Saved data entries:
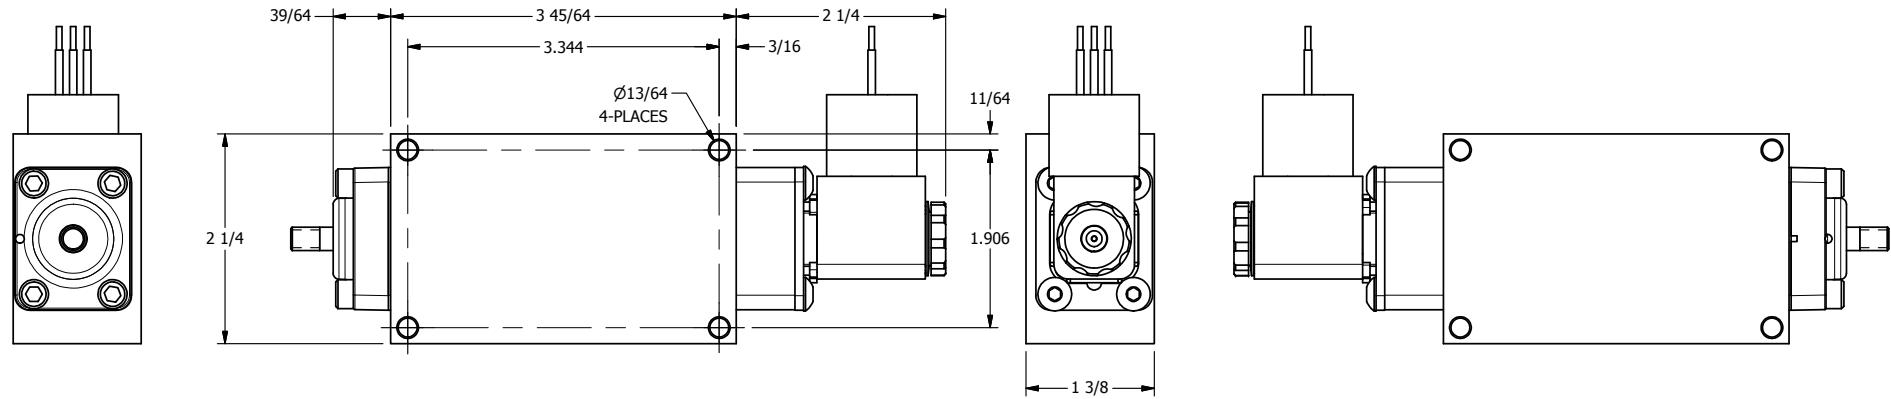

4

3

2

1

**AAA**  
PRODUCTS  
INTERNATIONAL

**AAA PRODUCTS  
INTERNATIONAL**  
7114 Harry Hines Blvd  
Dallas, TX 75235

TITLE: 1/4" SIDE PORT, SNGL SOL, 2 POS,  
SPR RTRN, BRASS & SS, MOLD-OVER,  
THREADED INDICATOR PIN

DRAWING NO.:  
DIM\_ZESO2JK

THE INFORMATION CONTAINED WITHIN THIS DOCUMENT IS PROPRIETARY TO AAA PRODUCTS AND MAY NOT BE DISCLOSED WITHOUT PRIOR WRITTEN CONSENT

4

3

2

1

Exercise aim —
Working through the records, copy each line in which the word "PRODUCTS" appears.

Solved problem —
PRODUCTS  
**AAA PRODUCTS  
THE INFORMATION CONTAINED WITHIN THIS DOCUMENT IS PROPRIETARY TO AAA PRODUCTS AND MAY NOT BE DISCLOSED WITHOUT PRIOR WRITTEN CONSENT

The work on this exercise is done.